• Your objective:
Whenever a line in the entries below contains "Power", copy that line.

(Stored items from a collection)
-- -- --
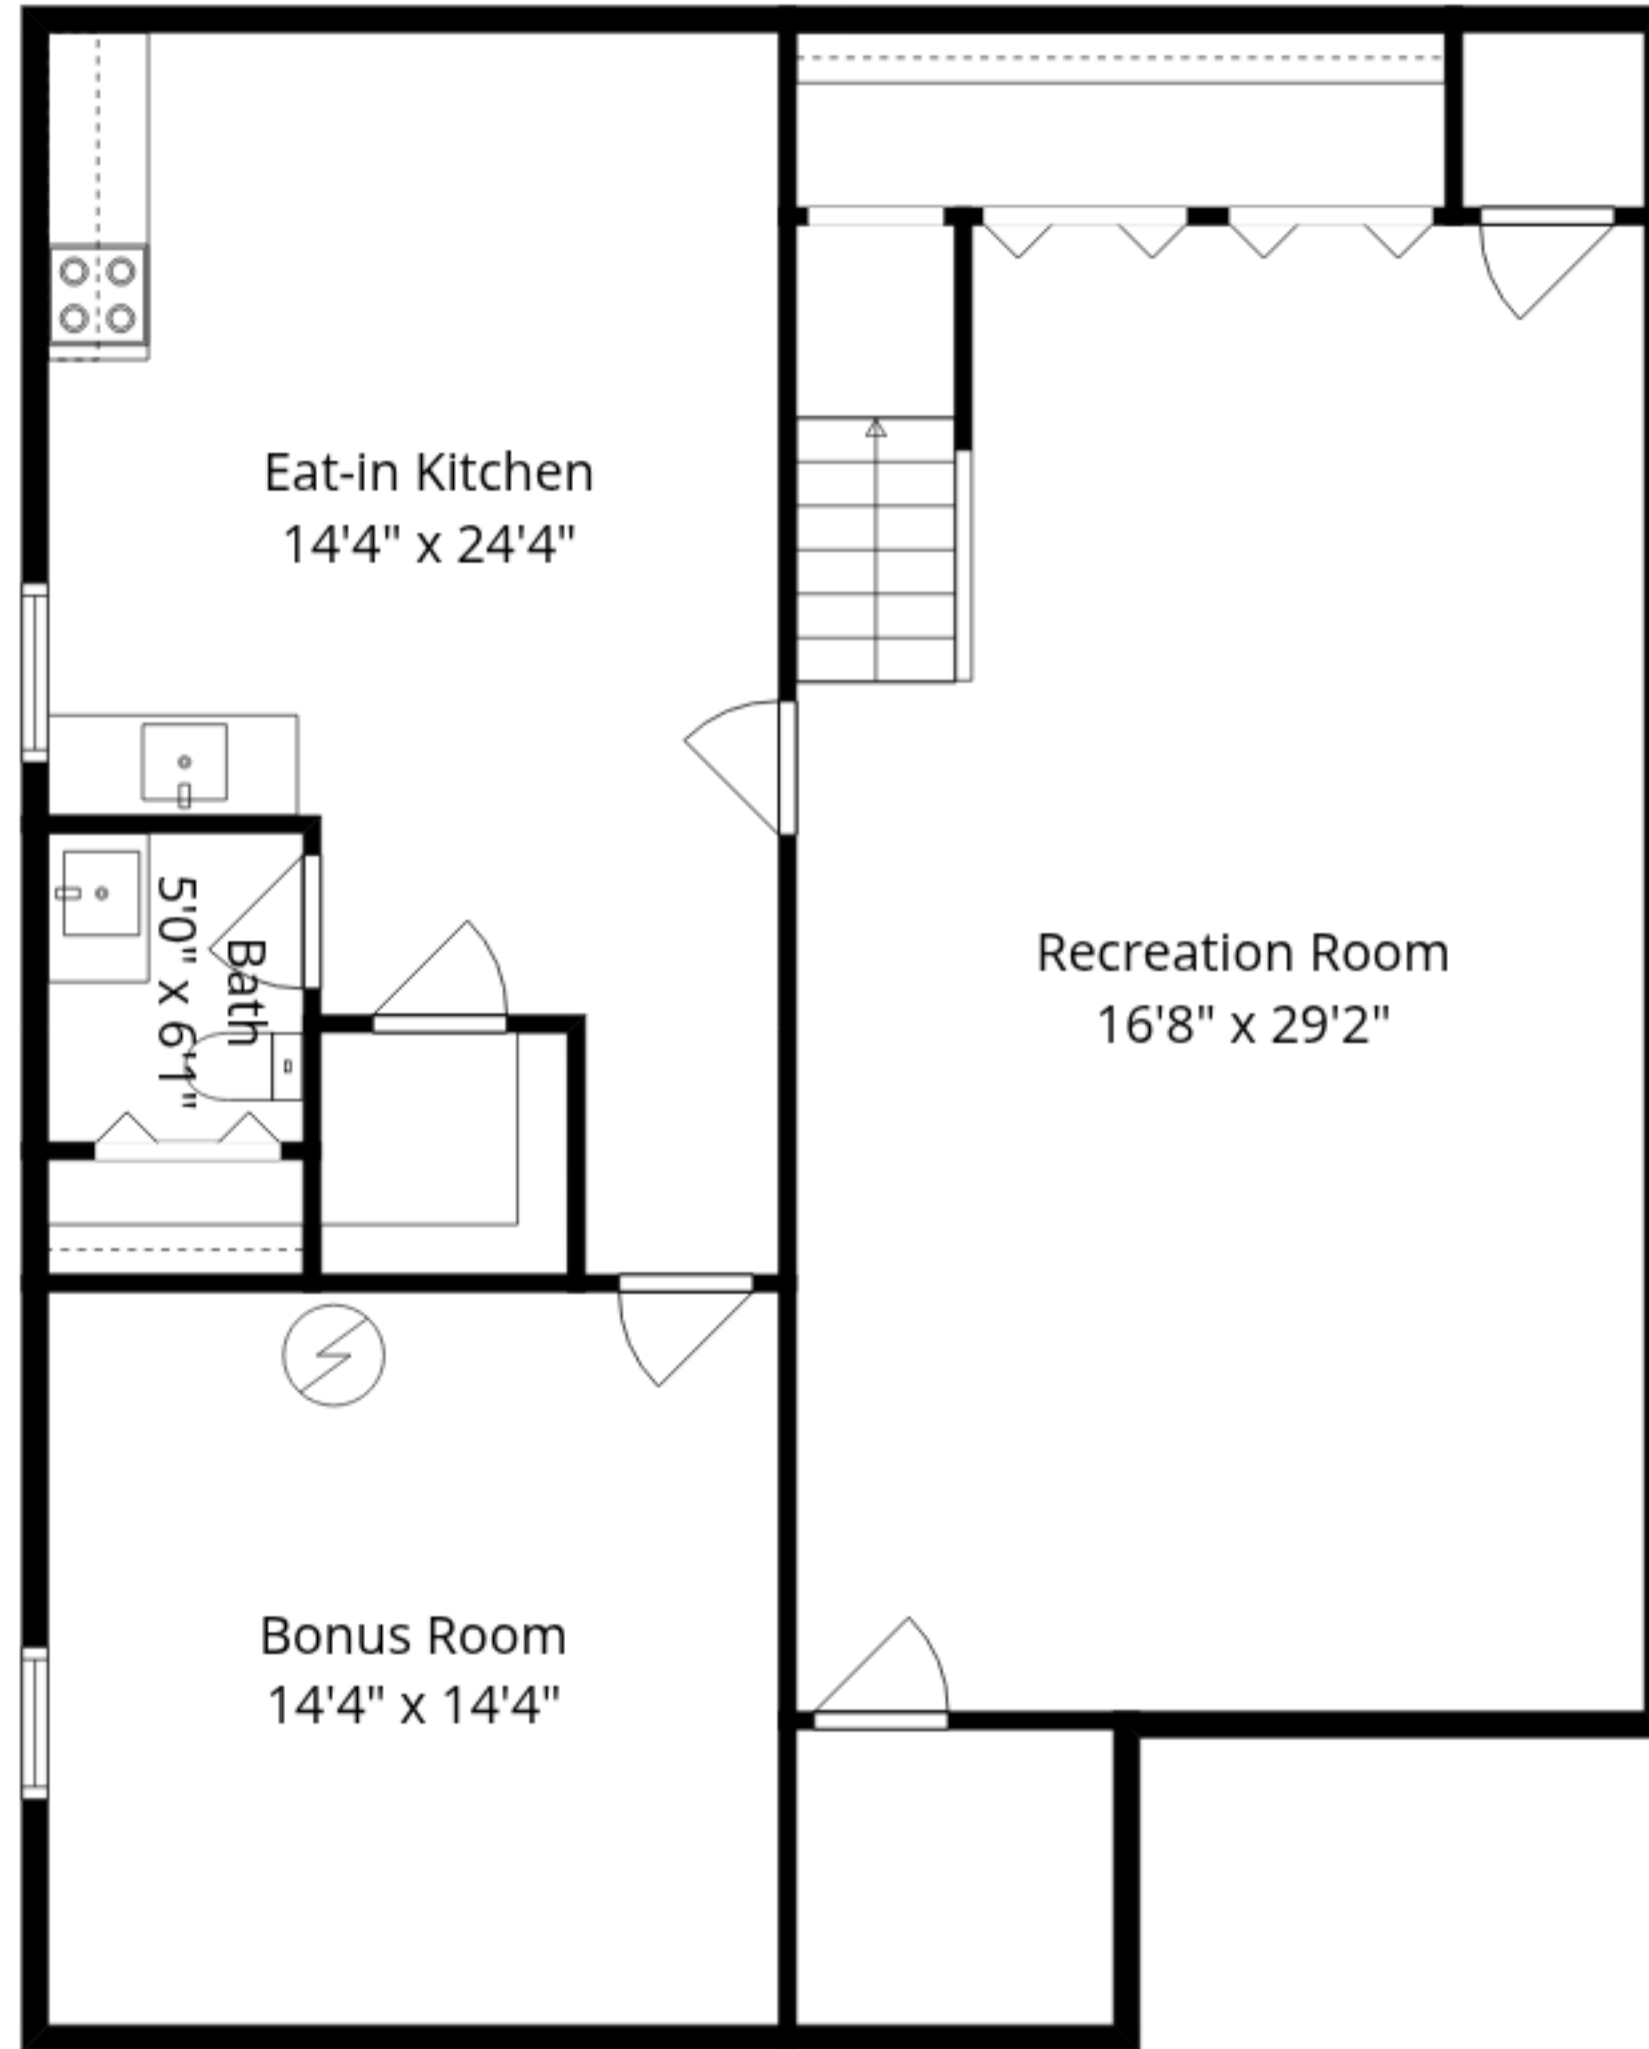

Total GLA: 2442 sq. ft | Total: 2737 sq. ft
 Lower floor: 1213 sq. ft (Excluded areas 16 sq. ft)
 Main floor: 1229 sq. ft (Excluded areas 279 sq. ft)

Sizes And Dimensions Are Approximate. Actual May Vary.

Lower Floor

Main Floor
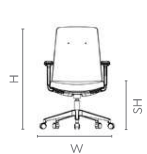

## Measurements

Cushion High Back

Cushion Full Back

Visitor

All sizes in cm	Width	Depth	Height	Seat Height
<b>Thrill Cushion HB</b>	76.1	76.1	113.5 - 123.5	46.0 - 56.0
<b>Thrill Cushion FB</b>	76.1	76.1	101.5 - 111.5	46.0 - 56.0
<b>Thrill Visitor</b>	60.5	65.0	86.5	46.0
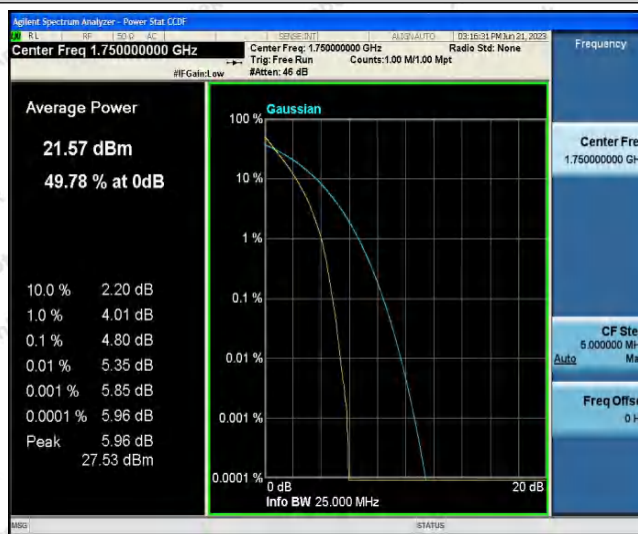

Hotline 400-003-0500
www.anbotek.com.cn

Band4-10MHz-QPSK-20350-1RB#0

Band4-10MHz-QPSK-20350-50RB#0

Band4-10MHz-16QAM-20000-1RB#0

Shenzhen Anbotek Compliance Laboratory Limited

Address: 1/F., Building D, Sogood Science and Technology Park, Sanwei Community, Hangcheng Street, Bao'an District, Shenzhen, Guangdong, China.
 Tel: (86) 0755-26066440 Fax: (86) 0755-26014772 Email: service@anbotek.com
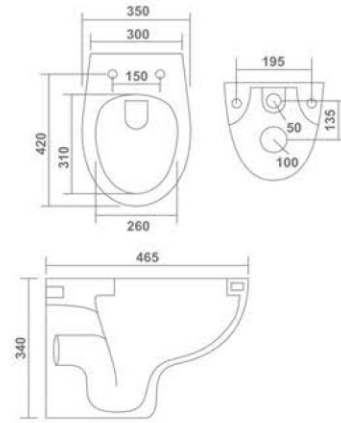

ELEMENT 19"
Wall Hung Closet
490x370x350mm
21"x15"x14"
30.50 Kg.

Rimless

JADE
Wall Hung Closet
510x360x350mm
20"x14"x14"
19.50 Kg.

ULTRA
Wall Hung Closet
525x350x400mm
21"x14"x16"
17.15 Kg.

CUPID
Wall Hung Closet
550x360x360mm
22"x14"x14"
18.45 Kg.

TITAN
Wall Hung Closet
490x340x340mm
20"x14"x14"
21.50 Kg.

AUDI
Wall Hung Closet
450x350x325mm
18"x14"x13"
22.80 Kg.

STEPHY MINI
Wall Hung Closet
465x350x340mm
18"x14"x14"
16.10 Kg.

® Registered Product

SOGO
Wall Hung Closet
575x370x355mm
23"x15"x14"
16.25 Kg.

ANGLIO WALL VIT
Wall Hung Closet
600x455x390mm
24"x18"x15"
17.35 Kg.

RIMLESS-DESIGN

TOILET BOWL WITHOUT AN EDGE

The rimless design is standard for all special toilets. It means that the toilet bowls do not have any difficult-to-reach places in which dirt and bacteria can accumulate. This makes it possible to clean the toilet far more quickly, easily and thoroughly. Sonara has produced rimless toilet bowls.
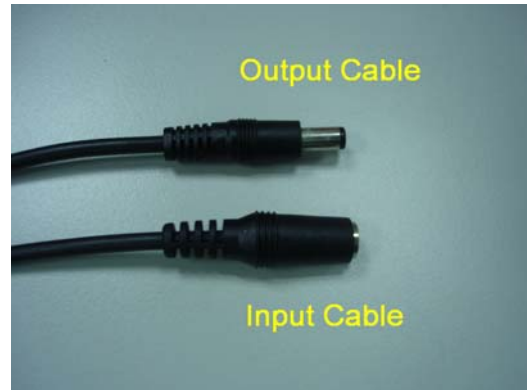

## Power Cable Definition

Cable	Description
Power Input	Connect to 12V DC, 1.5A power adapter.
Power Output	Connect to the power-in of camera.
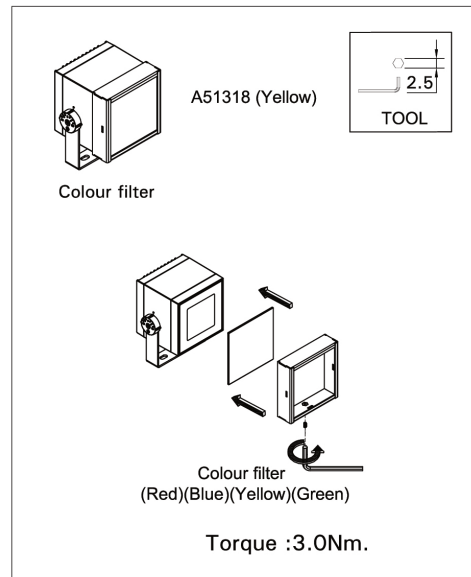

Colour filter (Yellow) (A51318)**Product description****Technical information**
-- -- --
• Answer space:
## Power Cable Definition
Power Input	Connect to 12V DC, 1.5A power adapter.
Power Output	Connect to the power-in of camera.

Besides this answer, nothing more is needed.